Célèbre pour sa découverte du Mt PERDU en 1802, il a laissé son nom à un sommet voisin, le Soum de Ramoun, mais aussi à une fleur pyrénéenne, la Ramondia, ou encore à une rue de PAU, sans oublier
son violoncelle que vous pouvez voir au musée pyrénéen de Lourdes. Mais comment a fait ce Strasbourgeois éclectique, botaniste, géologue et artiste, pour atterrir à Barèges et devenir amoureux
des Pyrénées, au point de les explorer pendant 23 ans? Contemporain de Goethe qu'il rencontre à Strasbourg, le jeune Ramond veut se lancer dans une carrière littéraire.
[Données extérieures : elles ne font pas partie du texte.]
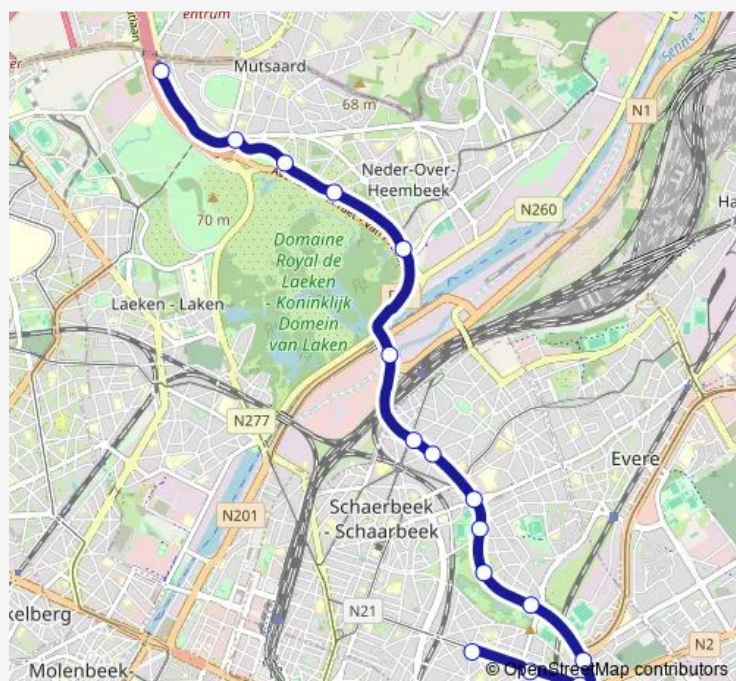

Heliotropes

Chazal

Leopold Iii

Meiser

Patrie

Bienfaiteurs

Route schedule

Esplanade — Bienfaiteurs

Monday	05:21-00:33 ⁺¹
Tuesday	05:21-00:33 ⁺¹
Wednesday	05:21-00:33 ⁺¹
Thursday	05:21-00:33 ⁺¹
Friday	05:21-00:33 ⁺¹
Saturday	05:21-00:33 ⁺¹
Sunday	05:21-00:33 ⁺¹

Route info

Direction: Esplanade

Stops: 16

Trip Duration: 0 hour 27 min

35 — Bienfaiteurs - Esplanade

Direction

Bienfaiteurs — Esplanade

16 stops

[Open route schedule](#)

Bienfaiteurs

Patrie
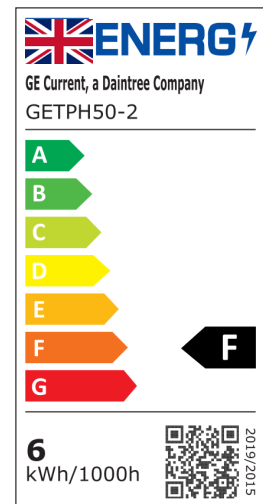

Tetra® Tape Gen 2¹
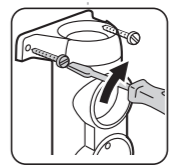

Max protection

**1000 V**  
Uc = 250 V  
Uoc = 4 kV  
Up = 1 kV (L, N, +)

x4

1,5 m

\* RJ 45 / RJ 11 / RJ 12

							ON OFF
6 946 41/43	x4	-	-	-	-	•	•
6 946 46/47	x6	-	-	-	-	•	•
6 946 51	-	x4	-	-	-	-	•
6 946 56	-	x6	-	-	-	-	•
6 946 48	-	x6	-	-	-	-	-
6 946 64	-	x4	x1	-	-	-	•
6 946 66	-	x6	x1	x1	-	-	•
6 946 14	-	x4	-	-	x3	-	•
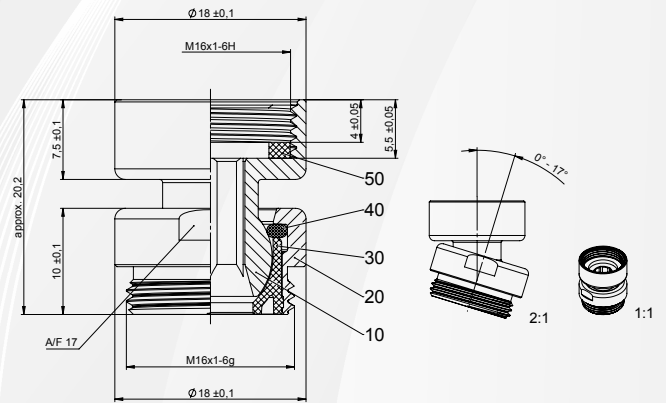

Materiale: Ottone
Finitura: Cromo

05104 AERATORE SNODATO PER BIDET FEMMINA

CODICE	VARIANTE	COD.PROD.	U.M.	M.V.	CF	LISTINO
0510402	F22x1"		PZ	1	10	3,5872

Adatto per monoforo bidet. Retina in Acciaio INOX AISI 304

Materiale: Ottone
Finitura: Cromo

05106 AERATORE SNODATO PER BIDET MASCHIO

CODICE	VARIANTE	COD.PROD.	U.M.	M.V.	CF	LISTINO
0510602	M24 x1"		PZ	1	10	3,5872

Adatto per Monoforo Bidet. Aereatore di ricambio nostro codice 0511004. Retina in Acciaio INOX AISI 304

PARIGI Materiale: Ottone
Finitura: Cromo

24050 SNODO PER RUBINETTI IN OTTONE CROMATO

CODICE	VARIANTE	COD.PROD.	U.M.	M.V.	CF	LISTINO
2405002	M18 x1" - F18 x1"	6905598	PZ	1	1	12,8508

PARIGI Materiale: Ottone
Finitura: Cromo

24052 SNODO PER RUBINETTI DESIGN IN OTTONE CROMATO

CODICE	VARIANTE	COD.PROD.	U.M.	M.V.	CF	LISTINO
2405202	F16 x1" - M16 x1"	6904198	PZ	1	1	12,8493

PARIGI Materiale: Ottone
Finitura: Cromo

24054 SNODO PER BIDET IN OTTONE CROMATO
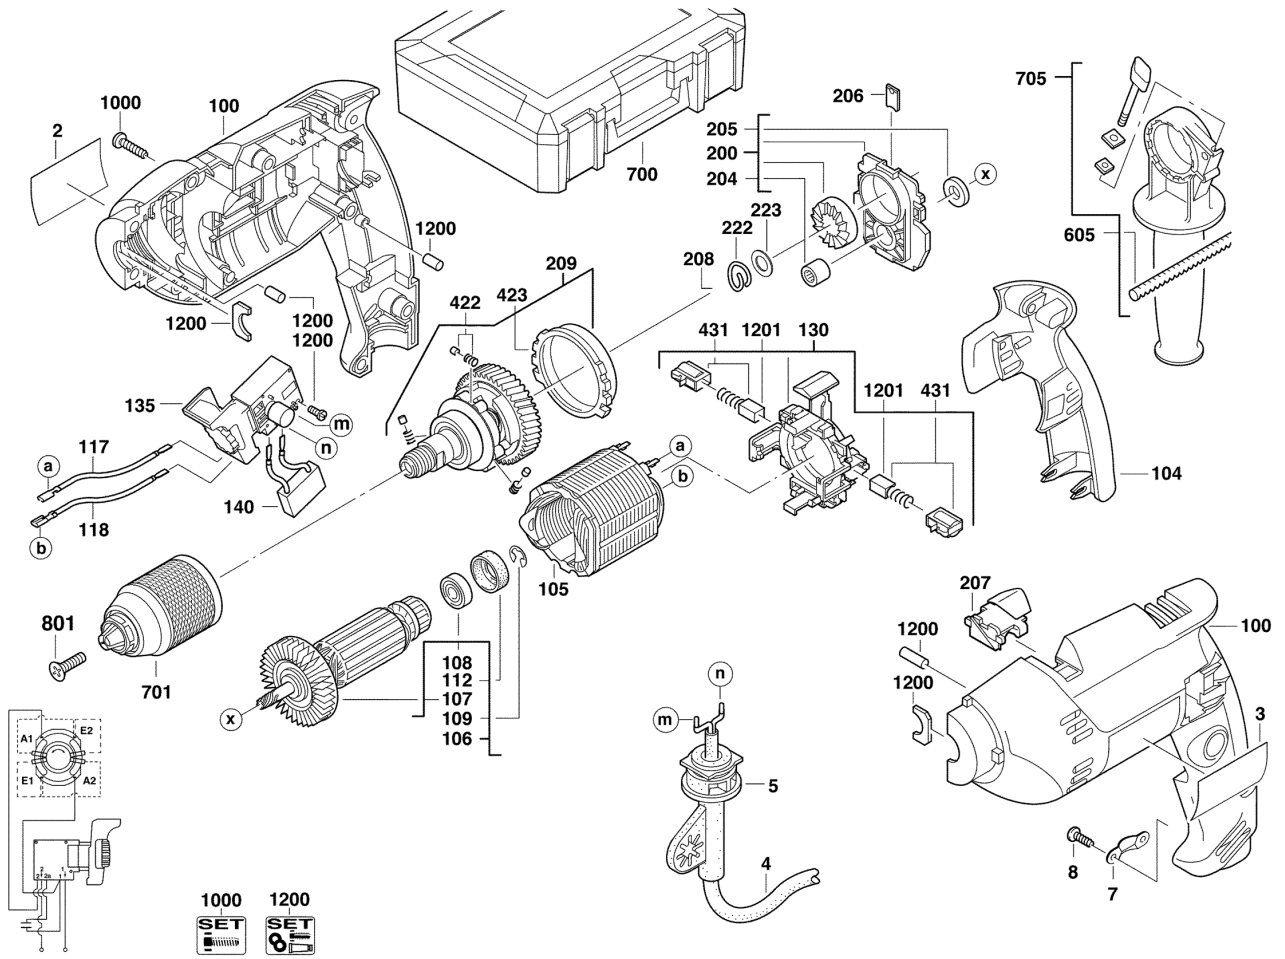

PDE13RX PERCUSSION DRILL IN2

4933409200 - PDE13RX - 4000415276

Position	Quantity	Description	Part number	EAN
0002 1	1	RATING PLATE	Item discontinued(4931415287)	
0003 2	1	NAME PLATE	4931382311	4002395691104
0004 3	1	CONNECTION CABLE	4931622543	4002395698318
0005 4	1	CABLE ENTRY SLEEVE	4931357283	4002395648962
0007 5	1	CABLE COLLAR	4931256500	4002395586547
0008 6	2	SCREW	4931624538	4002395760039
0100 7	1	BODY	4931372733	4002395676392
0104 8	1	HOUSING COVER	4931380436	4002395689484
0105 9	1	ELECTRIC FIELD	4931442718	4002395883219
0106 10	1	ARMATURE	4931442649	4002395885114
0107 11	1	FAN	4931330633	4002395612321
0108 12	1	BALL BEARING	4931902888	4002395706372
0109 13	1	WASHER	4931621834	4002395696185
0112 14	1	RUBBER SLEEVE	4931306351	4002395592777
0117 15	2	WIRE	4931253700	4002395586172
0130 16	1	SET COLLAR	4931380433	4002395689453
0135 17	1	SWITCH BOARD	4931372529	4002395675920
0140 18	1	CAPACITOR	4931311062	4002395594818
0200 19	1	BEARING END PLATE	4931330999	4002395612949
0204 20	1	NEEDLE BEARING	4931219424	4002395583874
0205 21	1	FELT WASHER	4931357000	4002395648450
0206 22	1	ADJUSTING PLATE	4931364552	4002395664344
0207 23	1	SLIDING SWITCH	4931380435	4002395689477
0208 24	1	BALL	4931805437	4002395706037
0209 25	1	DRILL SPINDLE	4931372794	4002395676651
0222 26	1	PRESSURE SPRING	4931276905	4002395589265
0223 27	1	DISC N874237 8,2X14X0,5	4931886465	4002395706266
0422 28	3	SPRING	4931372975	4002395677047
0423 29	1	SLEEVE	4931364990	4002395665532
0431 30	1	CARBON BRUSH SET	4931392563	4002395740369
0605 31	1	DEPTH GAUGE	4931254532	4002395586400
0700 32	1	CARRYING CASE	4931415355	4002395829095
0801 33	1	LOCKING SCREW	4931401643	4002395763993
1000 34	1	BOLT SET	4931320180	4002395602346
1200 35	1	MAINTENANCE SET	4931364145	4002395663361
1201 36	1	CARBON BRUSH SET	4931392602	4002395740567
0701 37	1	Keyless Chuck Fixtec 1.5-13 1/2x20-1pc	4932371913	4002395345366
0705 38	1	HANDLE PDE/DE P1 AEG	4932364149	4002395342198
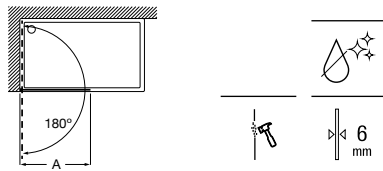

Tomando como referencia el vértice de la mampara, determinamos la posición derecha o izquierda

Line

Altura 2000 mm

Walk-in

Line D1H

Hoja de ducha batiente mediante perfil

Medidas (A)	Cristal 6 mm			
	Cristal Transparente		Cristal Fumato, Mate o Decorado*	
	Plata brillo	Negro mate cepillado	Plata brillo	Negro mate cepillado
600 - 800	€ 455,00	€ 500,00	€ 563,00	€ 608,00
801 - 1000	€ 477,00	€ 525,00	€ 590,00	€ 638,00
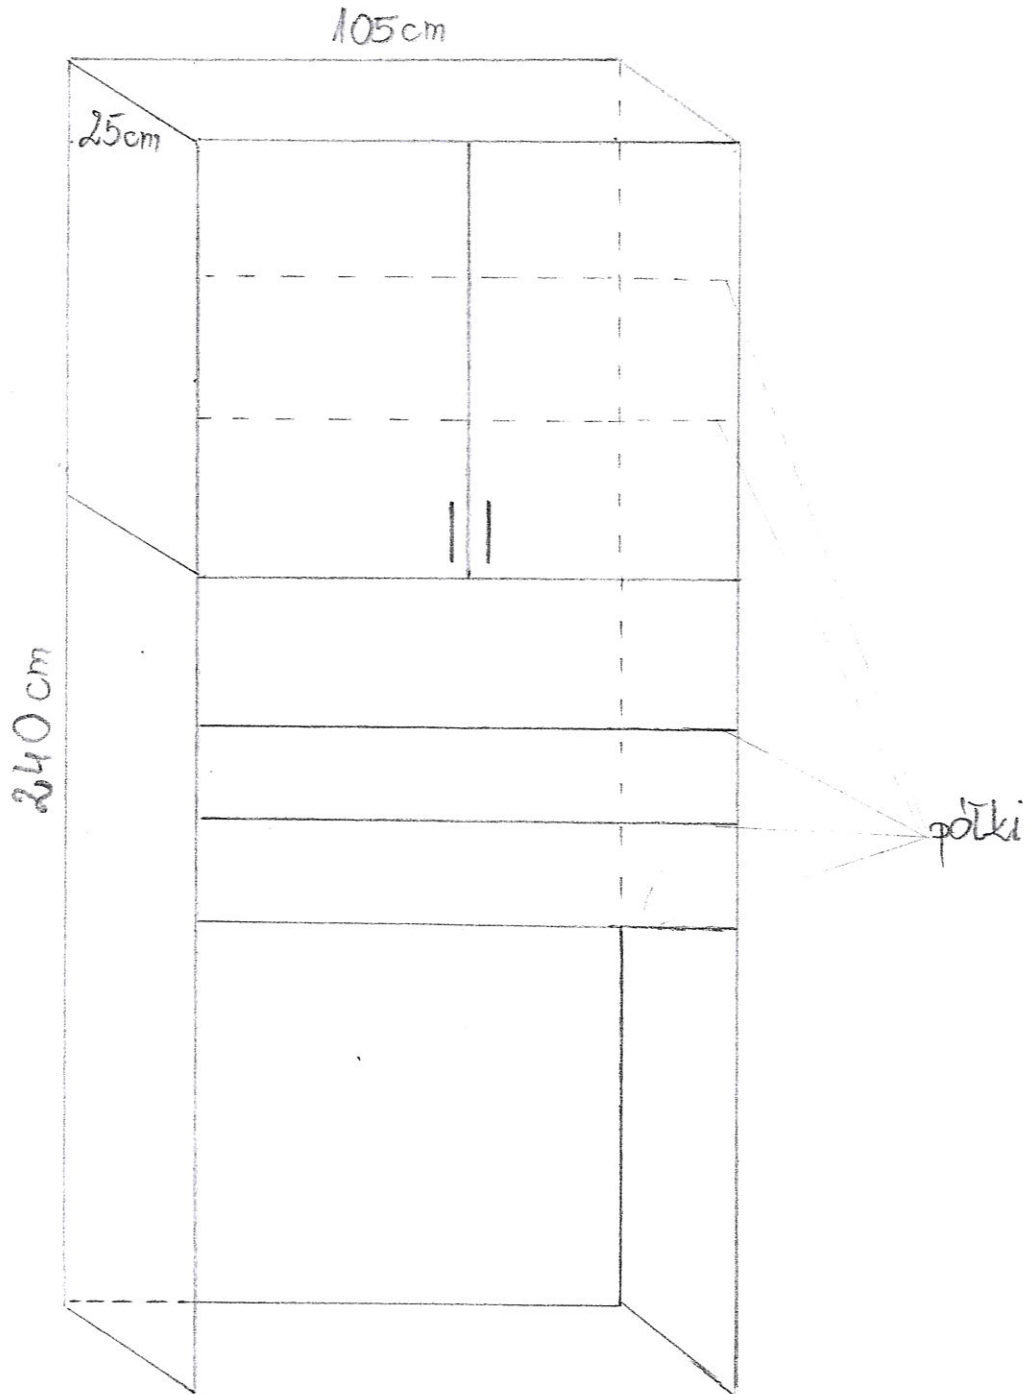

Rysunek 10.

Regał (we wnęce), wymiary 105 cm (szerokość) x 250 cm (wysokość) x 25 cm (głębokość)

Rysunek 11.

Szafa z blatem, wymiary szafy: 80 cm (szerokość), 250 cm (wysokość), 45 cm (głębokość); wymiary blatu: 75 cm (szerokość), 60 cm (głębokość), ok. 74 cm (wysokość)

DOM POMOCY SPOŁECZNEJ
ul. Parkowa 8
89-100 Nakło n. Not.
woj. kujawsko-pomorskie
NIP 5581741857, Regon 093213554

Rysunek 12

Szafa duża D, wymiary: 200 cm (szerokość) x 270 cm (wysokość) x 45 cm (głębokość)

Ecrivain certes doué, dans
une forme rappelant Rousseau, il doit trouver un sujet lui permettant de percer: et c'est une idée de génie qui le rend célèbre: suite à un voyage à pied dans les Alpes suisses, Ramond lance la
"littérature de montagne": décrivant à ses contemporains ce monde des hauteurs, aussi étrange pour eux que ne l'est pour nous la planète Mars. Tout y passe, paysages minéraux, flore,
météorologie, sans oublier les émotions et états d'âmes des grimpeurs galvanisés par l'air vif des hauteurs. Tout Paris s'arrache ses pages. L'éditeur Grimm, ou encore Buffon ou Malesherbes
deviennent ses amis. Célèbre à 26 ans, Ramond se trouve alors un protecteur naturel, son évêque, le cardinal de Rohan. Le voilà donc, conseiller privé, puis secrétaire du cardinal. Rien à voir
avec les Pyrénées, et encore moins avec le Mont-Perdu. Mais laissons faire les hasards de la vie: Survient d'abord un alchimiste, le célèbre Cagliostro: il embobine notre cardinal, et au passage
son secrétaire, promu laborantin dans les expériences de transmutation. Ramond n'aimera jamais évoquer cette période, même sur ces vieux jours. Puis arrive l'affaire du collier de la reine, dont
vous avez lu la version romancée dans les trois mousquetaires. Bien qu'innocent, le maladroit cardinal se trouve compromis, traîné en justice, et exilé. Fidèle secrétaire, Ramond suit le cardinal
dans son infortune, et arrive en 1787 à Barèges, où le cardinal va "prendre les eaux". Le voilà donc, à 32 ans, entré en scène, prêt à explorer et raconter les Pyrénées, sans se douter de la
gloire qui l'attendra 15 ans plus tard, lorsqu'il parviendra enfin au sommet du Mt-Perdu.